3 Telltale Signs You’re Scaling Agile Too Quickly

Giant man who grew too quickly

When an organization grows quickly, it puts all sorts of stress on people, processes, and customers. Burnout happens, things fall through the cracks, defects creep in, and there is not enough time to pay attention to customers.

Unfortunately, I’ve seen lots of organizations try to scale agile too quickly, and that often leads to failure. Here are three of the telltale signs.

1. Using Scaling Models Too Prescriptively

There are many models out there to help you scale your agile efforts, and each of them can work in certain business situations. But unfortunately, most of these models are being used too prescriptively by the organizations adopting them.

Many are taking a scaling model that describes each role, interaction, process, and practice throughout the entire enterprise and slapping it down, top to bottom, and trying to following it immediately. But much like agile at the team level, scaling agile involves becoming agile, not doing agile.

The purpose of these scaling models is to provide a vision for what may ultimately be necessary, but you must incrementally move toward this vision, stopping when the cost of going further outweighs the benefits. Companies that have been successful scaling agile have typically done so bit by bit to assure that collaboration, communication, and synchronization among teams, products, releases, product portfolios, and strategic initiatives become second nature.

Scale your agile from the ground up with support from above, not top-down following an eye chart with no buy-in from your teams.

2. Scaling Too Early

Scaling agile before your teams consistently build working software is a waste. It’s a lot like automating bad tests. Rushing into scaling before you’ve even figured out how to get developers and testers working together is a recipe for disaster. What are you scaling when you do this? Bugs.

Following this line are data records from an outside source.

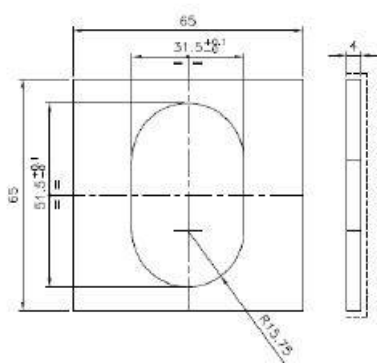

DENOMINATION

FICHE
TECHNIQUE

MARQUE

REFERENCE

PB12Q-CM

- Dimensions intérieures : L. 31 x H. 51 mm
- Épaisseur 4 mm
- Laiton traité multicouche

Matériaux : Laiton

Finition : Mat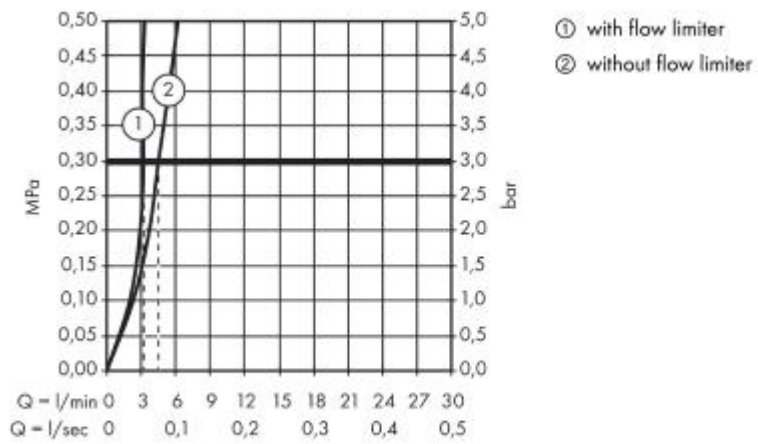

Hansgrohe Logis Смеситель для раковины 100 LowFlow 3,5 л / мин однорычажный со сливным гарнитуром хром 71104000

Характеристики

Комплектация

- Производитель: **Hansgrohe**
- Коллекция: **Logis**
- Страна-производитель: **Германия**
- Материал: **латунь**
- Способ монтажа: **горизонтальный (на раковину/столешницу)**
- Кол-во отверстий для монтажа: **1**
- Способ управления: **однорычажный**
- Вид излива: **неповоротный**
- Стиль: **современный**
- Цвет: **хром**
- Технологии: **AirPower**
- Тип струи: **обычная**
- Донный клапан: **да**
- Подводка: **гибкая**
- Кол-во потребителей: **1**
- Длина излива, мм: **108**
- Высота излива, мм: **93**
- Срок гарантии: **5 лет**
- Форма: **округлая**
- Расход воды (л/мин): **3,5**
- Вариант: **хром**
- Тип: **смеситель**
- Назначение: **для раковины**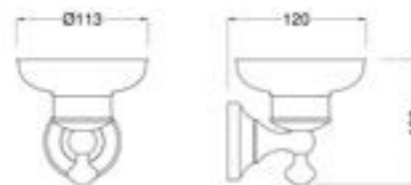

## Z.CLASS

**27105302**

Держатель кольцевой для полотенца, размер 321x75x206 мм, монтаж на стену, материал — латунь/керамика, цвет — золото, гарантия 5 лет.

**27101302**

Мыльница — керамика, диаметр 113 мм, размер 115x120x108 мм, монтаж на стену, материал — латунь/ керамика, уплотнительное пластиковое кольцо, цвет — золото, гарантия 5 лет.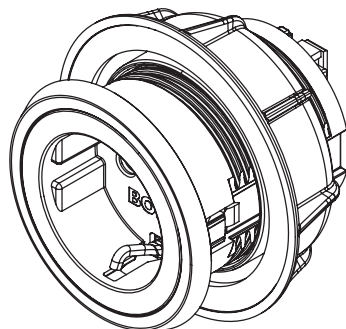

Tuoteselite

- Liitännämahdollisuus keittiön sähkökäyttöisille pienlaitteille
- Integroitu lapsilukko
- Soveltuu maihin DE, ES, IT, AT, LU, PT, RU, BR, SE, NL
- Väli rengas sisältyy toimitukseen
- Integroitu 2 metrin liitäntäkaapeli
- Yhtenäinen etulevyn porausaukkojen halkaisija
- Soveltuvat tarvikkeet
- Täydellinen BORA-järjestelmä

Toimitussisältö

- Pistorasia USTF
- Liitäntäkaapeli 2 m ja maakohtainen pistoke

Tuote- ja suunnitteluohjeet

- Ainoastaan asennukseen keittiökaappeihin, joiden etulevyn paksuus on 10-30 mm
- Aukon Ø 50 ±0,5 mm

USTE / USTEAB

BORA-pistorasia, tyyppi E / BORA-pistorasia, tyyppi E, All Black

Tekniset tiedot

Syöttöjännite	220-240 V
Sulakesuojaus vähintään	16 A (tyyppi E)
Mitat (halkaisija)	Ø 76 x 60,5 mm
Mitat (L x S x K) aukko	Ø 62,5 x 4,5 mm

Tuoteselite

- Liitännämahdollisuus keittiön sähkökäyttöisille pienlaitteille
- Integroitu lapsilukko
- Soveltuu käyttöön seuraavissa maissa: FR, PL, BE, CZ, SK
- Väli rengas sisältyy toimitukseen
- Integroitu 2 metrin liitäntäkaapeli
- Yhtenäinen etulevyn porausaukkojen halkaisija
- Soveltuvat tarvikkeet
- Täydellinen BORA-järjestelmä

Until your teams are able to consistently and frequently deliver quality code, you have nothing to scale, and putting a scaling model in place is a waste. Get agile working right in the trenches before attempting to scale what you do.

3. Hiring the Wrong Help

While bringing on board consultants to help you scale agile can be helpful, don’t rush to do so. First, seek to understand the scaling models that exist and how they align with your organizational structure, processes, and needs.

And don’t be bedazzled by consultants with certifications. Value agile experience and expertise over a piece of paper. No certification magically makes a person an expert in something they knew very little about beforehand. If a bad project manager gets a certification, they are now a certifiably bad project manager.

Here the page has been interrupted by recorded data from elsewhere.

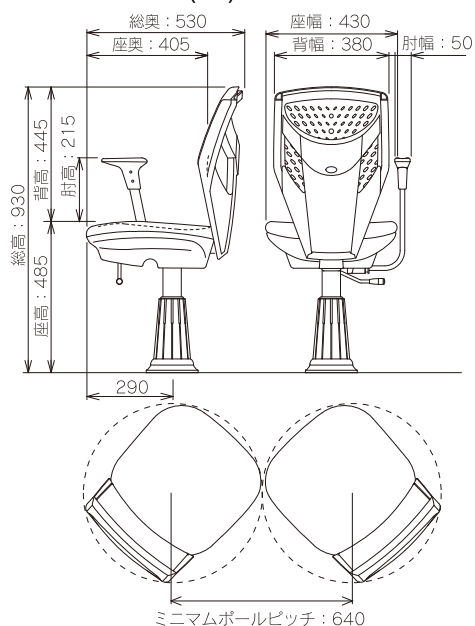

Dimension

寸法図 (単位: mm)

2011年8月制作※製品の仕様内容は品質改良のため予告なく変更することがあります。

Parlor Chair MD-2300 SERIES

MD-2300/ MD-2330

MD-2300(R)

MD-2300(R)

MD-2330(W)

MD-2330(W)

Also seek to identify consultants that can dig in and understand the technical aspects of your software delivery process. While there is a healthy dose of process work to be done when scaling agile, the best solutions emerge when your hired help understands how you plan, build, test, deliver, deploy, and maintain your applications. Beyond asking about experience, find out what educational background your consultants have, and make sure they will be credible with your technical staff. Otherwise they will be more of a hindrance than a help.